When electricity sectors were regulated, utility monopolies used short-term load forecasts to ensure the reliability of supply and long-term demand forecasts as the basis for planning and investing in new capacity. However, since the early 1990s, the process of deregulation and the introduction of competitive electricity markets have been reshaping the landscape of the traditionally monopolistic and government-controlled power sectors. In many countries worldwide, electricity is now traded under market rules using spot and derivative contracts. At the corporate level, electricity load and price forecasts have become a fundamental input to energy companies’ decision making mechanisms. The costs of over- or undercontracting and then selling or buying power in the balancing market are typically so high that they can lead to huge financial losses and bankruptcy in the extreme case. In this respect electric utilities are the most vulnerable, since they generally cannot pass their costs on to the retail customers. While there have been a variety of empirical studies on point forecasts, probabilistic - i.e., interval and density - forecasts have not been investigated extensively to date. However, this is changing and nowadays both researchers and practitioners are focusing on the latter. While the Global Energy Forecasting Competition in 2012 was on point forecasting of electric load and wind power, the 2014 edition aimed at probabilistic forecasting of electric load, wind power, solar power and electricity prices.
Benefits from reducing electric load and price forecast errors
Extreme volatility of wholesale electricity prices, which can be up to two orders of magnitude higher than that of any other commodity or financial asset, has forced market participants to hedge not only against volume risk but also against price movements. A generator, utility company or large industrial consumer who is able to forecast the volatile wholesale prices with a reasonable level of accuracy can adjust its bidding strategy and its own production or consumption schedule in order to reduce the risk or maximize the profits in day-ahead trading. Yet, since load and price forecasts are being used by many departments of an energy company, it is very hard to quantify the benefits of improving them. A rough estimate of savings from a 1% reduction in the mean absolute percentage error for a utility with 1GW peak load is:
$500,000 per year from long-term load forecasting,
$300,000 per year from short-term load forecasting,
$600,000 per year from short-term load and price forecasting.
Main areas of interest
The most popular subfields of energy forecasting include:
Load forecasting. Although "load" is an ambiguous term, in load forecasting the "load" usually means demand or energy and since the magnitude of power and energy is the same for hourly data, usually no distinction is made between demand and energy. Load forecasting involves the accurate prediction of both the magnitudes and geographical locations over the different periods of the planning horizon. The basic quantity of interest is typically the hourly total system load. However, load forecasting is also concerned with the prediction of hourly, daily, weekly and monthly values of load and of the peak load.

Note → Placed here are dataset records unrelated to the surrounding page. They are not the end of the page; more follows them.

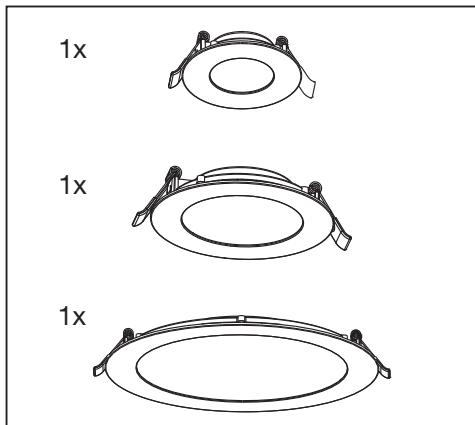

DOWNLIGHT SLIM

	EAN	W	lm Light Source	lm Output	K	IP	°(°C)	V~	mA	Hz	DF	▽(°)	📐	👤 g
DL SLIM 85MM 4.5W 3000K 230V WT	4058075573055	4.5	480	240	3000	20	-20...+40	220- 240	60	50/60	≥0.5	110	15000	60
DL SLIM 120MM 8W 3000K 230V WT	4058075573079	8	800	550	3000	20	-20...+40	220- 240	80	50/60	≥0.5	110	15000	99
DL SLIM 225MM 22W 3000K 230V WT	4058075573093	22	2400	2000	3000	20	-20...+40	220- 240	150	50/60	≥0.7	110	15000	254
DL SLIM 85MM 4.5W 4000K 230V WT	4058075573116	4.5	480	240	4000	20	-20...+40	220- 240	60	50/60	≥0.5	110	15000	60
DL SLIM 120MM 8W 4000K 230V WT	4058075573130	8	800	550	4000	20	-20...+40	220- 240	80	50/60	≥0.5	110	15000	99
DL SLIM 225MM 22W 4000K 230V WT	4058075573154	22	2400	2000	4000	20	-20...+40	220- 240	150	50/60	≥0.7	110	15000	254
DL SLIM 85MM 4.5W 6500K 230V WT	4058075573178	4.5	480	240	6500	20	-20...+40	220- 240	60	50/60	≥0.5	110	15000	60
DL SLIM 120MM 8W 6500K 230V WT	4058075573192	8	800	550	6500	20	-20...+40	220- 240	80	50/60	≥0.5	110	15000	99
DL SLIM 225MM 22W 6500K 230V WT	4058075573215	22	2400	2000	6500	20	-20...+40	220- 240	150	50/60	≥0.7	110	15000	254
DL SET 3X4.5W SLIM 85MM 3000K 230V WT	4058075629387	3x 4.5	3x 480	3x 240	3000	20	-20...+40	220- 240	3x 60	50/60	≥0.5	110	15000	180
DL SET 3X8W SLIM 120MM 3000K 230VWT	4058075629400	3x 8	3x 800	3x 550	3000	20	-20...+40	220- 240	3x 80	50/60	≥0.5	110	15000	297

	EAN	This product contains a light source of energy efficiency class	Contained Light Source
DL SLIM 85MM 4.5W 3000K 230V WT	4058075573055	F	
DL SLIM 120MM 8W 3000K 230V WT	4058075573079	F	
DL SLIM 225MM 22W 3000K 230V WT	4058075573093	F	
DL SLIM 85MM 4.5W 4000K 230V WT	4058075573116	F	
DL SLIM 120MM 8W 4000K 230V WT	4058075573130	F	
DL SLIM 225MM 22W 4000K 230V WT	4058075573154	F	
DL SLIM 85MM 4.5W 6500K 230V WT	4058075573178	F	
DL SLIM 120MM 8W 6500K 230V WT	4058075573192	F	
DL SLIM 225MM 22W 6500K 230V WT	4058075573215	F	
DL SET 3X4.5W SLIM 85MM 3000K 230V WT	4058075629387	F	
DL SET 3X8W SLIM 120MM 3000K 230VWT	4058075629400	F

It is customary to talk about short-, medium- and long-term forecasting, but there is no consensus in the literature as to what the thresholds should actually be:
Short-term forecasting generally involves horizons from a few minutes up to a few days ahead, and is of prime importance in day-to-day market operations. In load forecasting, very short-term forecasting with lead times measured in minutes is often considered as a separate class of forecasts.
Medium-termforecasting, from a few days to a few months ahead, is generally preferred for balance sheet calculations, risk management and derivatives pricing. In many cases, especially in electricity price forecasting, evaluation is based not on the actual point forecasts, but on the distributions of prices over certain future time periods. As this type of modeling has a long-standing tradition in finance, an inflow of "finance solutions" is observed.
Long-termforecasting, with lead times measured in months, quarters or even years, concentrates on investment profitability analysis and planning, such as determining the future sites or fuel sources of power plants.